Please output the listing exactly as it stands, but omit any images.

* Provided data
------------------------------------------------------------------------
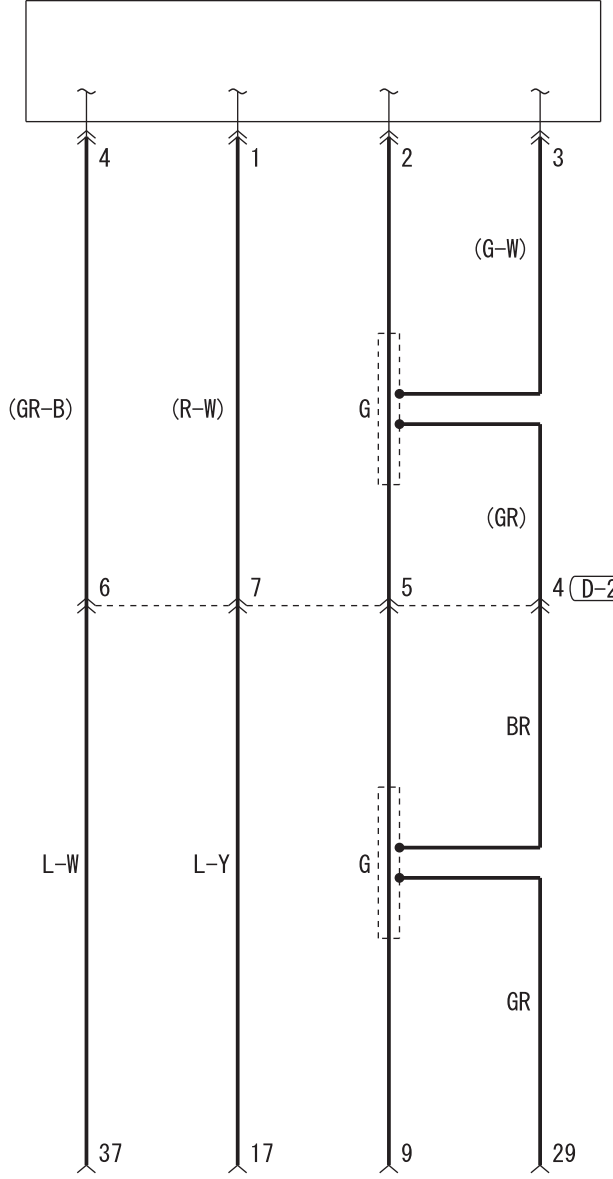

FRONT VIEW CAMERA (A-21)

REAR VIEW CAMERA (H-25)

DOOR MIRROR ASSEMBLY (RH) (G-06)

DOOR MIRROR ASSEMBLY (LH) (G-05)

CAMERA-ECU (E-22)

(A-21)

(D-25)

(D-114)

(D-118)

(D-137)

(D-139)

(E-22)

(G-05)

(G-05-2)

(G-06)

(G-06-2)

(H-25)

(H-26)

Wire colour code

B : Black LG : Light green G : Green L : Blue W : White Y : Yellow SB : Sky blue BR : Brown
 O : Orange GR : Grey R : Red P : Pink V : Violet PU : Purple SI : Silver BE : Beige
------------------------------------------------------------------------
* Task answer
FRONT VIEW CAMERA (A-21)

REAR VIEW CAMERA (H-25)

DOOR MIRROR ASSEMBLY (RH) (G-06)

DOOR MIRROR ASSEMBLY (LH) (G-05)

CAMERA-ECU (E-22)

(A-21)

(D-25)

(D-114)

(D-118)

(D-137)

(D-139)

(E-22)

(G-05)

(G-05-2)

(G-06)

(G-06-2)

(H-25)

(H-26)

Wire colour code

B : Black LG : Light green G : Green L : Blue W : White Y : Yellow SB : Sky blue BR : Brown
 O : Orange GR : Grey R : Red P : Pink V : Violet PU : Purple SI : Silver BE : Beige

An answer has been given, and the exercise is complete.